Once the line with "Classroom Attendance Analysis" is found in the entries below, print it and each following line exactly, stopping after the line with "Thursday 11/3/2016 (Cont)"; print nothing else.
** Source records follows **
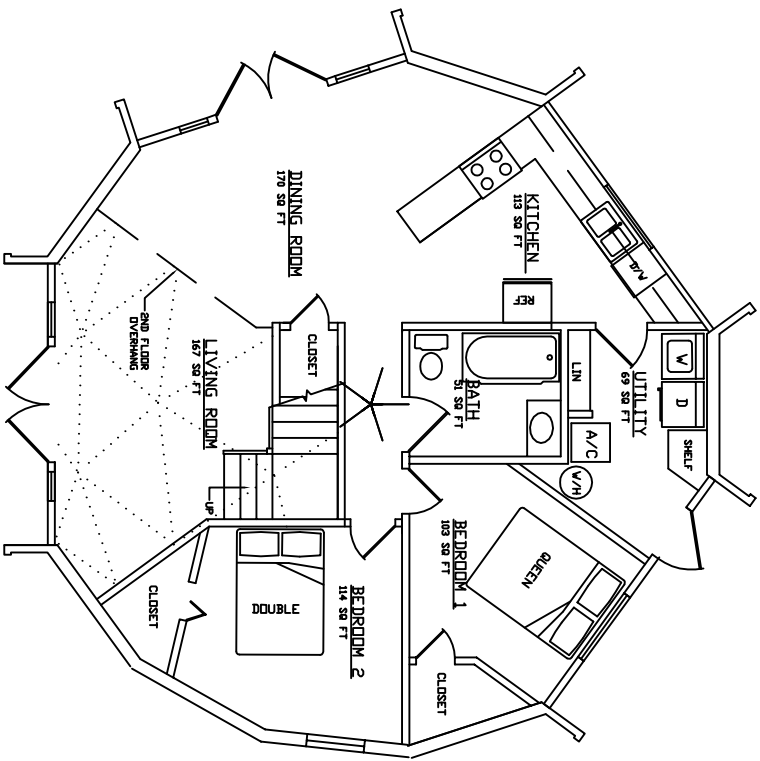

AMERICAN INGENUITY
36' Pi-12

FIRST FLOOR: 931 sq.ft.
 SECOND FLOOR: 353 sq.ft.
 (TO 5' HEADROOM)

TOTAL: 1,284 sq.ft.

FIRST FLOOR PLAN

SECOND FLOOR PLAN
** End of Source records **
** Source records follows **
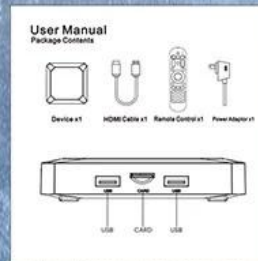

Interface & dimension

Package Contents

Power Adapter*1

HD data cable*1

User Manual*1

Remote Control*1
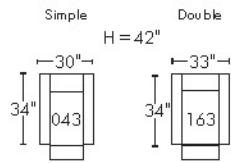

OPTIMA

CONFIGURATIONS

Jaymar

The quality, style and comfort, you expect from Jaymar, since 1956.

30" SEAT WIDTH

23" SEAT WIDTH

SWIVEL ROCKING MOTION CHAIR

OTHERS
** End of Source records **
** Source records follows **
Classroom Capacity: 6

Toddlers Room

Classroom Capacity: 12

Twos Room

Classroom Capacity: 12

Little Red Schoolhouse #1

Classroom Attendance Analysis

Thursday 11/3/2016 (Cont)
** End of Source records **
Task output »
Classroom Attendance Analysis

Thursday 11/3/2016 (Cont)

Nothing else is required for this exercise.